Microsoft researchers are developing an artificial intelligence (AI) enabled 'drawing bot' that can create images from text descriptions of an object.
Microsoft researchers are developing an artificial intelligence (AI) enabled ‘drawing bot’ that can create images from text descriptions of an object. The technology can generate images of everything from ordinary pastoral scenes, such as grazing livestock, to the absurd, such as a floating double-decker bus, Microsoft said in a blog post. Each image contains details that are absent from the text descriptions, indicating that this artificial intelligence contains an artificial imagination, it said. The technology under development in Microsoft’s research labs is programmed to pay close attention to individual words when generating images from caption-like text descriptions, the company said. This deliberate focus produces a nearly three-fold boost in image quality compared to the previous state-of-the-art technique for text-to-image generation, according to results on an industry standard test reported in a research paper posted on arXiv.org. “If you go to Bing and you search for a bird, you get a bird picture.

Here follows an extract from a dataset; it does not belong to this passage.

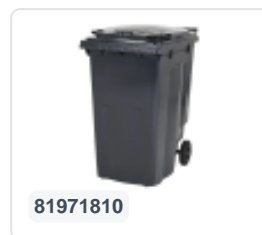

Suitable accessories

But here, the pictures are created by the computer, pixel by pixel, from scratch,” said Xiaodong He, a principal researcher at Microsoft’s research lab in Washington. He and colleagues started with technology that automatically writes photo captions – the CaptionBot – and then moved to the one that answers questions humans ask about images, such as the location or attributes of objects, which can be especially helpful for blind people. “Now we want to use the text to generate the image,” said Qiuyuan Huang, a postdoctoral researcher in He’s group. Text-to-image generation technology could find practical applications acting as a sort of sketch assistant to painters and interior designers, or as a tool for voice-activated photo refinement, the researchers said.
At the core of Microsoft’s drawing bot is a technology known as a Generative Adversarial Network, or GAN. The network consists of two machine learning models, one that generates images from text descriptions and another, known as a discriminator, that uses text descriptions to judge the authenticity of generated images.